27-latek bez prawa jazdy i w stanie nietrzeźwości kierował motocyklem. Czeka go teraz sąd.
![27-latek bez prawa jazdy i w stanie nietrzeźwości kierował motocyklem. Czeka go teraz sąd.](https://www.warszawski.pl/wp-content/uploads/2024/06/45313-27-latek-bez-prawa-jazdy-i-w-stanie-nietrzezwosci-kierowal-motocyklem-Czeka-go-teraz-sad-.jpg)
Dzięki czujności legionowskich strażników ruchu drogowego, młody człowiek, który zdecydował się na nieodpowiedzialną jazdę motocyklem, został zatrzymany. Mężczyzna, mający 27 lat, prowadził jednoślad będąc pod wpływem alkoholu – badanie wykazało w jego organizmie ponad promil tej substancji. Obecnie musi on przygotować się na konfrontację ze swoimi czynami przed sądem.

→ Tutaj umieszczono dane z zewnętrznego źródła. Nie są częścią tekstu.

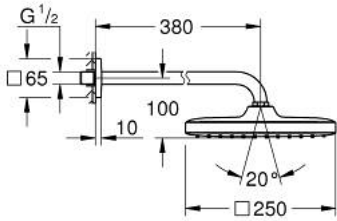

TEMPESTA 250 CUBE 26 687 GLO طقم الدش الرأسي 380 ملم برذاذ واحد

وصف المنتج:

• اللون: cool sunrise

• يتألف مما يلي

• رأس دش Tempesta 250 Cube (26 685)

• نمط الرذاذ: Rain

• maximum flow rate (at 3 bar): 8.3 l/min

• head shower with rear cover in matching colour

• ذراع دش 380 مم

• تقنية GROHE EcoJoy لمياه أقل وتدفق ممتاز

• تقنية GROHE DreamSpray لنمط رشاش مثالي

• لمسة نهائية من GROHE LongLife

• نظام منع التكلسات GROHE SpeedClean

• دليل Inner WaterGuide لحياة أطول

TEMPESTA 250 CUBE 26 687 GL0 طقم الدش الرأسى 380 ملم برذاذ واحد

قطع الغيار:

1: عازل ليفى بقطر 18.5 x قطر (0138900M رقم الطلب): 12 x 2

2: مصفاة غبار (48007000 رقم الطلب):
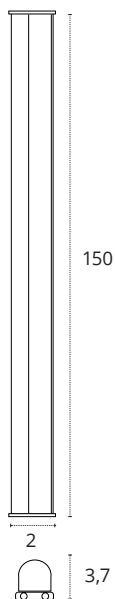

🌡️ 3000K • Cálido

🔹 Policarbonato

REF **A06580901A** • Blanco

💡 9W

💡 810 lm

🌡️ 4000K • Blanco neutro

🔹 Policarbonato

REF **A06580901B** • Blanco

🌡️ 3000K • Cálido

🔹 Policarbonato

REF **A06580911A** • Blanco

💡 5W

💡 450 lm

🌡️ 4000K • Blanco neutro

🔹 Policarbonato

REF **A06580911B** • Blanco

16W
 1440 lm
 6400K • Blanco frío
 Policarbonato
REF A06581601S • Blanco

REGLETA 120 CM CON INTERRUPTOR

16W
 1440 lm
 3000K • Cálido
 Policarbonato
REF A06581611A • Blanco

16W
 1440 lm
 4000K • Blanco neutro
 Policarbonato
REF A06581611B • Blanco

20W
 1800 lm
 4000K • Blanco neutro
 Policarbonato
REF A06582001B • Blanco

20W
 1800 lm
 6400K • Blanco frío
 Policarbonato
REF A06582001S • Blanco

REGLETA 150 CM CON INTERRUPTOR

20W
 1800 lm
 3000K • Cálido
 Policarbonato
REF A06582011A • Blanco
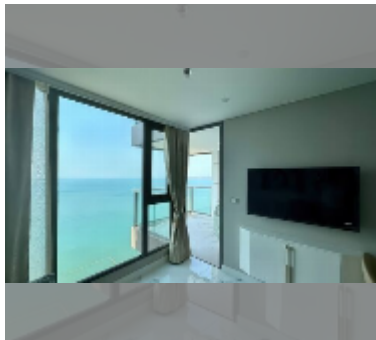

Продается квартира 2 спальни 64 м² в ЖК Сорасабана Beach Jomtien, Паттайя

฿ 14 999 000

ПАРАМЕТРЫ ОБЪЕКТА:

UID	FS-242078
квота	тайская квота
тип	2 спальни
площадь	64м ²
этаж	48
вид	вид на город
состояние объекта	хорошее
комплектация: мебель, кондиционер, телевизор, стиральная машина, холодильник	

О ЖИЛОМ КОМПЛЕКСЕ (ДОМЕ):

район	Джомтьен
зданий	1
этажность	59
год сдачи	2022
обслуживание	฿ 38 400/год

УДОБСТВА:

Общие сведения: высотка, метров до пляжа: 50, минут до пляжа: 1, шатл бас, первая линия, наземная парковка, многоуровневая парковка.

Бассейн: бассейн, бассейн на крыше, панорамный бассейн, джакузи, бар у бассейна, зона загара.

Зона отдыха: зона отдыха, сад, зона отдыха на крыше.

Секция здоровья: тренажерный зал, сауна, хамам.

Другое: лобби, переговорная комната, игровая комната, детская площадка, видеонаблюдение, охрана.
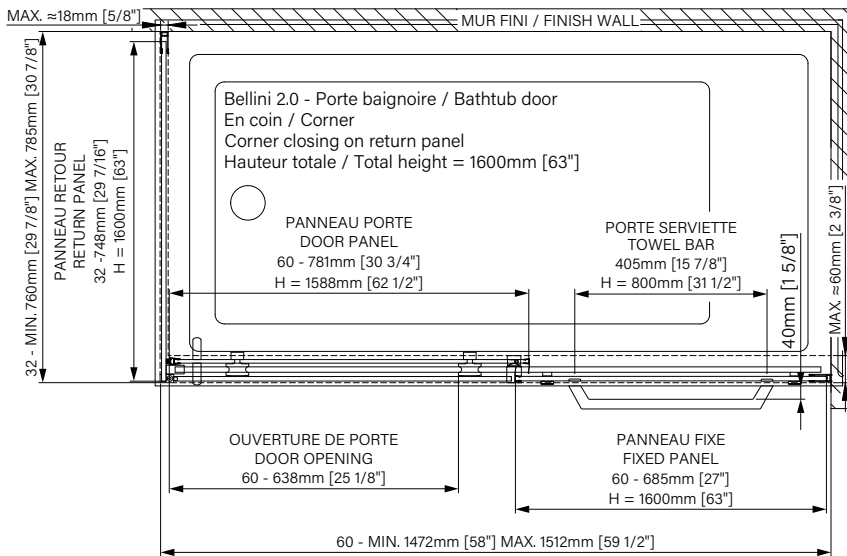

Bellini 2.0

Baignoire en coin / Corner bathtub

Porte de douche à roulement
Verre clair, ouverture sur retour
1 porte, 1 fixe & 1 retour

Rolling shower door
Clear glass, on return opening
1 door, 1 fixed & 1 return

- Roulement à billes doux garantie à vie
  Soft ball bearing lifetime warranty
- Épaisseur de verre
  Glass thickness **8-10mm**
  5/16"-3/8"
- Installation rapide et facile
  Fast & easy installation
- Traitement de verre Zitta Clean
  Zitta Clean glass treatment
- Porte réversible
  Reversible door
- Fermeture aimanté
  Magnet closing
- Cappuchon de finition
  Top cover cap
- Installation par joint de serrage
  Squeeze gasket installation
- Guide de bas de porte Zitta Clip
  Zitta Clip bottom door guide

Caractéristiques :

- Hauteur de 63" (1600mm)
- Barre et crochet à serviette inclus
- Guide de bas de porte Zitta Clip pour faciliter le nettoyage
- Seuil en aluminium et joint d'étanchéité
- Verre trempé sécuritaire aux arêtes polies
- Anti-saut et butée d'arrêt de porte

Features :

- Height of 63" (1600mm)
- Towel bar and hook included
- Zitta Clip bottom door guide to ease cleaning
- Aluminum threshold and sealing gaskets
- Safe tempered glass with polished edges
- Door anti-jump and stopper

Configurations :

• 60" DB26000BSTC_1

Panneaux de retour Return panels

• 32" DB23200BSTX_1

REV : 2024-10-31

zitta.ca

Dimensions d'emballage / Packaging dimensions :

Panneau de porte / Door panel
60" : DG0260BD01
64" x 32" x 1", 73lbs
1626mm x 813mm x 25mm, 33kg

Panneau fixe / Fixed panel
60" : DG0260BF01
64" x 28" x 1", 64lbs
1626mm x 711mm x 25mm, 29kg

Kit de quincaillerie / Hardware kit
60" : DH0260BX_0
65" x 7" x 3", 12lbs
1651mm x 178mm x 76mm, 5.4kg

Panneau de retour / Return panel
32" : DG0232BX01
64" x 31" x 1", 71lbs
1626mm x 787mm x 25mm, 32.2kg

Kit de quincaillerie de retour / Return hardware kit
32" : DH0201BX_0
69" x 3" x 3", 5lbs
1753mm x 76mm x 76mm, 2.3kg
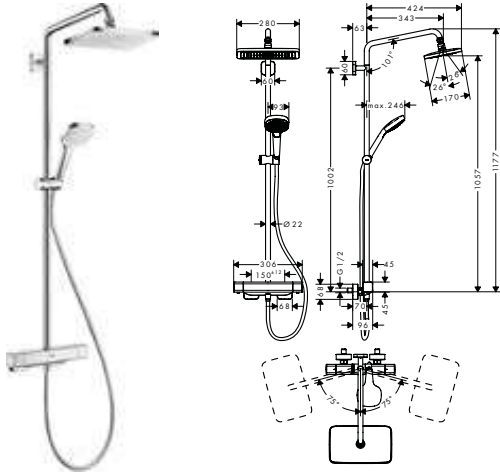

Tecnologías

Tipos de chorro

Acabado	Referencia	Euro *
● blanco/cromo	27248400	398,60

Croma Select E / Croma E

Croma E Showerpipes 1jet con termostato

Características de todas las variantes

- Cabezal 280 x 170 mm
- Tipo de chorro ducha fija: RainAir
- Orientable
- Tipo de chorro teleducha: Massage, IntenseRain, SoftRain
- Sistema antical QuickClean
- La barra se puede acortar en altura
- Diámetro de la barra: 22 mm
- Soporte de ducha ajustable en altura con pulsador
- Brazo de ducha giratorio
- Termostato CoolContact: evita que la carcasa se caliente, lo que hace que la ducha sea aún más segura
- Termostato Ecostat E
- Botón de seguridad a 40°C
- Máxima temperatura ajustable
- Excéntricas 150 ± 12 mm
- Longitud de la barra: 1067 mm
- 2 funciones

Niedawno legionowscy funkcjonariusze patrolujący ruch drogowy zauważyli na ulicy Akademijnej w Jabłonnie motocyklistę, który zbyt intensywnie skupiał się na „paleniu gumy”, nie dostrzegając nawet policyjnego radiowozu. Po zatrzymaniu do kontroli okazało się, że mężczyzna prowadzący motocykl marki Kawasaki jest nietrzeźwy – badanie alkomatem wykazało obecność 1,38 promila alkoholu w organizmie. Dodatkowo, sprawdzenie danych w systemach policyjnych pokazało, że 27-latek nie posiadał uprawnień do kierowania pojazdem.
Motocykl mężczyzny został przechowany na parkingu policyjnym, a on sam – mieszkaniec stolicy – został zatrzymany i musiał spędzić noc w celi legionowskiego komisariatu. Po wytrzeźwieniu policjanci postawili mu zarzut prowadzenia pojazdu będąc pod wpływem alkoholu, za co zgodnie z art. 178a kodeksu karnego grozi mu kara grzywny, ograniczenia wolności lub nawet pozbawienia wolności do 3 lat. Ostateczny wymiar kary będzie jednak decyzją sądu.
27-latek odpowie także przed sądem za prowadzenie jednośladu bez posiadania odpowiednich uprawnień. W tej sytuacji mężczyzna może być skazany na karę aresztu, ograniczenia wolności lub grzywny nie niższej niż 1500 złotych, której maksymalna wysokość może wynieść nawet 30 tysięcy złotych. Ponadto w takich przypadkach sąd zazwyczaj orzeka zakaz prowadzenia pojazdów.